→ **TASK ITEM**
Would you please copy exactly the line with "pin + coupling" and all lines that follow it in the data below, through the last one?

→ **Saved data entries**
....
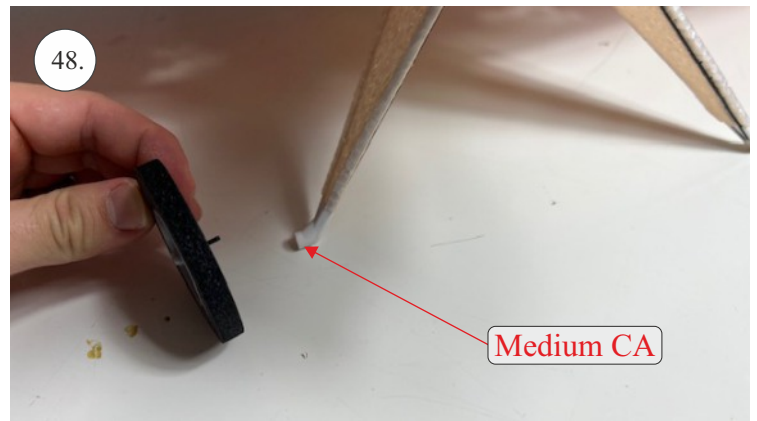

Bücker Jungmann

List of accesories

	<u>Carbon</u>
2x	3x0,5x200mm
2x	3x0,5x750mm
1x	3x0,5x320mm
2x	1,2x200mm
4x	1x500mm
8x	0,8x500mm
1x	3/2x330mm
1x	1x330mm
2x	2.5x1.5x225mm
2x	1,5x275mm
1x	3x0,5x320mm
	<u>Bag</u>
1x	1,5x40mm
1x	1,5x 30mm
8x	MPJ pin + coupling
4x	RC coupling
1x	40mm heatshrin
2x	bowden 1mm
2x	pneu
1+1	pilot + pipe
1x	tail gear
	<u>Plastic</u>
1x pair	aile horn
1x pair	aile coupling
2x	VOP set
1x	SOP horn
1x	SOP horn
2x	wheel disc
1x pair	nut
1x pair	landing gear
1x	Motor mount
1x	other
12pcs	6mm guides
....
→ **YOUR SOLUTION**
8x	MPJ pin + coupling
4x	RC coupling
1x	40mm heatshrin
2x	bowden 1mm
2x	pneu
1+1	pilot + pipe
1x	tail gear
	<u>Plastic</u>
1x pair	aile horn
1x pair	aile coupling
2x	VOP set
1x	SOP horn
1x	SOP horn
2x	wheel disc
1x pair	nut
1x pair	landing gear
1x	Motor mount
1x	other
12pcs	6mm guides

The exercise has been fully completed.